__Your objective__: A line below contains "Platform: 500 x 400", and a later one contains "Fax +46 (0)611-51". Repeat both, with every line between them, exactly.

__Exercise inputs__:
┄┄┄┄┄┄┄┄┄┄┄┄┄┄┄┄┄┄┄┄
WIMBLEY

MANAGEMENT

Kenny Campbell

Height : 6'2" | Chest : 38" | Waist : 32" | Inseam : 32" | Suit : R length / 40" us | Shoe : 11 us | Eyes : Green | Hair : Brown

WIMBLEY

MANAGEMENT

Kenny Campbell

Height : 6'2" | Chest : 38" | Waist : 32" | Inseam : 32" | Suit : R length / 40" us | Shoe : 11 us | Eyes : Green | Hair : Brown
┄┄┄┄┄┄┄┄┄┄┄┄┄┄┄┄┄┄┄┄
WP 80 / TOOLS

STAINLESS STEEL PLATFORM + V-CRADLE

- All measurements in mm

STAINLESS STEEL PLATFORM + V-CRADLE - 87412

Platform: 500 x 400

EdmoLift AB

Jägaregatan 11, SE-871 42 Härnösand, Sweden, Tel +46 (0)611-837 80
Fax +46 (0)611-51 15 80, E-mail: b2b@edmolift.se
┄┄┄┄┄┄┄┄┄┄┄┄┄┄┄┄┄┄┄┄
__Answer to this problem__:
Platform: 500 x 400

EdmoLift AB

Jägaregatan 11, SE-871 42 Härnösand, Sweden, Tel +46 (0)611-837 80
Fax +46 (0)611-51 15 80, E-mail: b2b@edmolift.se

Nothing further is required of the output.